• _Requirement_
From the records below, state how many lines hold the string "Light", without any other text.

• _Data records_
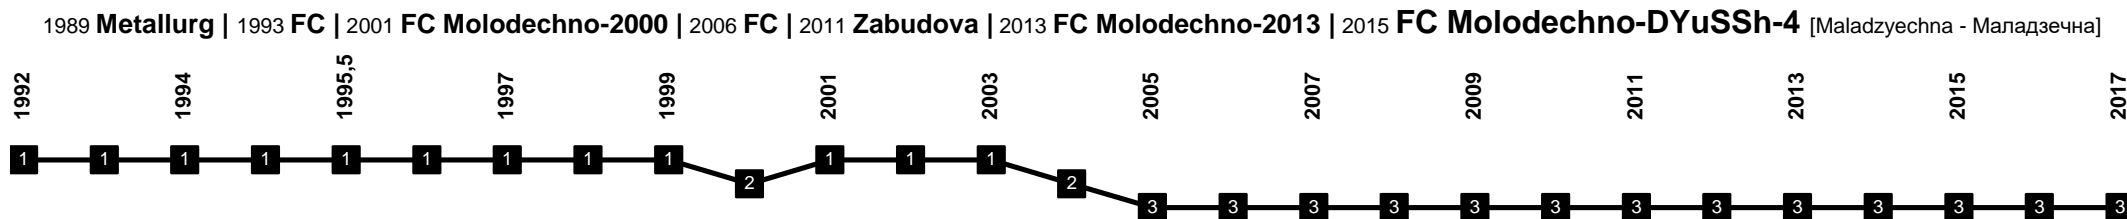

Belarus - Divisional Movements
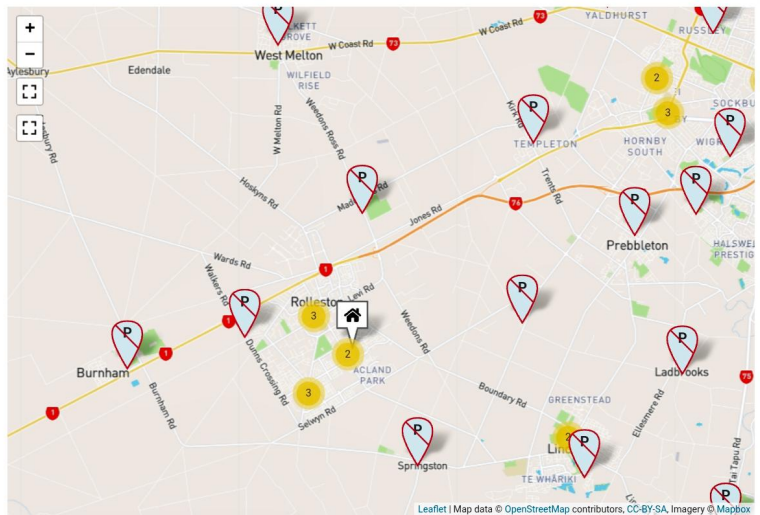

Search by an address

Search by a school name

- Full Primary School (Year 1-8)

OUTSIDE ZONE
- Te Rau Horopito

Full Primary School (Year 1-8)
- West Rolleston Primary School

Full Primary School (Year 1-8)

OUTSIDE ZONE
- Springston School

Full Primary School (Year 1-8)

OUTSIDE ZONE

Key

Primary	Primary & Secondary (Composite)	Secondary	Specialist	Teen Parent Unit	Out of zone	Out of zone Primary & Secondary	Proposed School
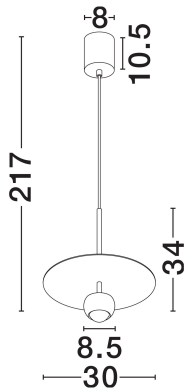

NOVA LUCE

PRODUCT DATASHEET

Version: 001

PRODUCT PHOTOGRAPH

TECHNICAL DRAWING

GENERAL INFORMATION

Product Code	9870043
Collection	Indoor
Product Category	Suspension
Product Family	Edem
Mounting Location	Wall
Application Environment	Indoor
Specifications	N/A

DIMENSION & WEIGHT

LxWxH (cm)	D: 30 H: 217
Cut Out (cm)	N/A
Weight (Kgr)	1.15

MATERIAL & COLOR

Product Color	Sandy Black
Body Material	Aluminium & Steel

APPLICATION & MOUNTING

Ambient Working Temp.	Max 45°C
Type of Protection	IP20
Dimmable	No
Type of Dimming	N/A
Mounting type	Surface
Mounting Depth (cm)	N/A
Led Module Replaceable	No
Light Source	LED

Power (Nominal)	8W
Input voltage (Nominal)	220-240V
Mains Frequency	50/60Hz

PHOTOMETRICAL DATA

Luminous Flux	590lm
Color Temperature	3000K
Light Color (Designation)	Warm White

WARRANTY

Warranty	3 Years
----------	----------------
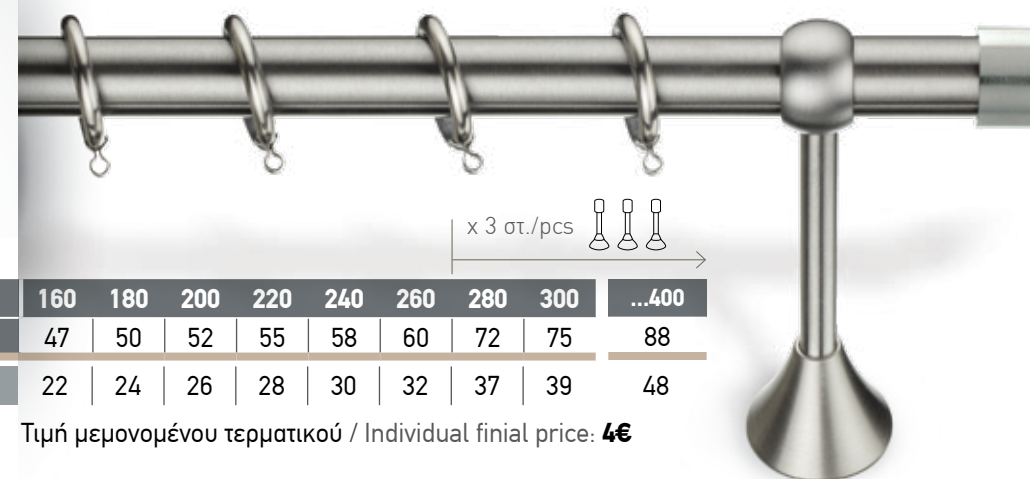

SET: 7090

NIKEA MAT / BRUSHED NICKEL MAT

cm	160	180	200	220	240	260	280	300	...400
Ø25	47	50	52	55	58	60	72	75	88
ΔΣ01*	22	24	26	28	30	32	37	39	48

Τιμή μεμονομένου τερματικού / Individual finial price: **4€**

...

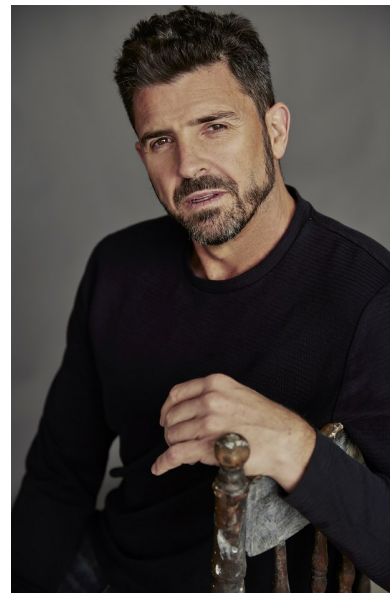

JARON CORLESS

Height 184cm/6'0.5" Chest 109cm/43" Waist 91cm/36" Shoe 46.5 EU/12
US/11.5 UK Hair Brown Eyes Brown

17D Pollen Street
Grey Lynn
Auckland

• _Answer for the task_
2